After about a year, The Help and I made an attempt to make it back to Takenoko Sushi for lunch.  When I called a few weeks ago for a dinner reservation, they told me their next dinner opening was in August!  I couldn't wait that long.  Luckily, the wait for a lunch seating was only a week.  At the last moment, The Help gave up his seat for my parents (I was able to secure another seat), so I ended up going with them instead.  Like Sushi Sasabune, the best part of Takenoko is the omakase (chef's choice).  But unlike Sushi Sasabune, where you think you might get scoldings (or kicked out) for eating something incorrectly, Takenoko is more laid back.  Kikukat Dad tried uni (sea urchin) for the first time.  He said The Help can have his share from now on.  He said there was something stinky about it.  Kikukat Mom is not an adventurous eater, so she stuck with the basics:  unagi (eel), hamachi (yellowtail), toro (fatty tuna), and salmon.  Boring.  Kikukat Dad has a habit of inhaling his food, so we were outta there within 30 minutes.  I soooo could not savor and enjoy every bite.

This past Friday, The Help and I went to Kona to take his car to the doctor.  We had most of the morning to leisurely walk around Kona and explore.  I hate "exploring", as I've come to associate it as a term The Help uses when he is lost.  Unlike The Help, my sense of adventure is nil.  I don't like "exploring".  I like "finding".
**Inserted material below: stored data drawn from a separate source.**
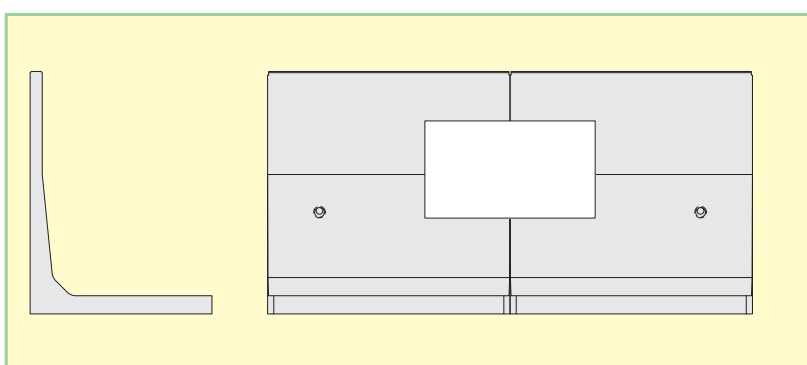

# L型擁壁 -加工例-

調整品

L寸調整

天端調整（急斜）

開口

開口大

■ 製品種類、サイズによって特殊加工できない場合もございます。

落書き防止塗装

We had lunch at The Fish Hopper, a restaurant near the Kailua pier.  Both of us had salads.  The Help had the Cobb salad, and I had the chicken macadamia salad.  I wasn't expecting much, but both of us thoroughly enjoyed our meals.  The Asian dressing on the chicken salad was perfect.  I did ask for it without papaya.  I should've asked them to hold the red onions too, but the onions were easy enough to pick out.  The Help's salad looked like it was full of bacon.  If it wasn't for the bleu cheese, I might have thought about ordering that too.

After my salad, I was looking forward to a hearty dinner (we made it home from Kona in the afternoon).  I was tired so it was a good thing we had lotsa leftovers in the fridge.  The Help came across a good sale Safeway was having on country ribs.  I generally don't buy country ribs (country style spareribs) because I tend to like my pork extra fatty (like bacon & hocks).  I suppose The Help couldn't help himself.  Nearly 8 lbs of country ribs cost under $20 with the Safeway club card.  8 lbs is a whole lotta meat, so I baked it with an Asian barbecue sauce because I knew the leftovers would be good.

BTW, the sauteed greens to the side of the meat in the top pic and the pic below is such a simple accompaniment to throw together. . .shredded savoy cabbage, ham slivers, and salt.  Saute until cabbage shows slight browning.  Place in a serving bowl and top with a generous sprinkle of parmesan cheese.

click on recipe title for printable recipe

     4 lbs country style spareribs
     1/2 c shoyu
     1/2 c oyster sauce
     3/4 c ketchup
     3/4 c sugar
     1 tbsp guava jelly or orange marmalade
     1/8 tsp 5-spice
     1/2" piece of ginger, grated

Boil country ribs for 1 hour.  Drain well and wash off scum.  Preheat oven to 350 degrees.  Place ribs in large baking pan.  Combine remaining ingredients.  Pour over ribs.  Bake 1 1/2 hours.  Remove from pan and slice across the grain to serve.

R.I.P. William Lewis. . .may your light continue to shine.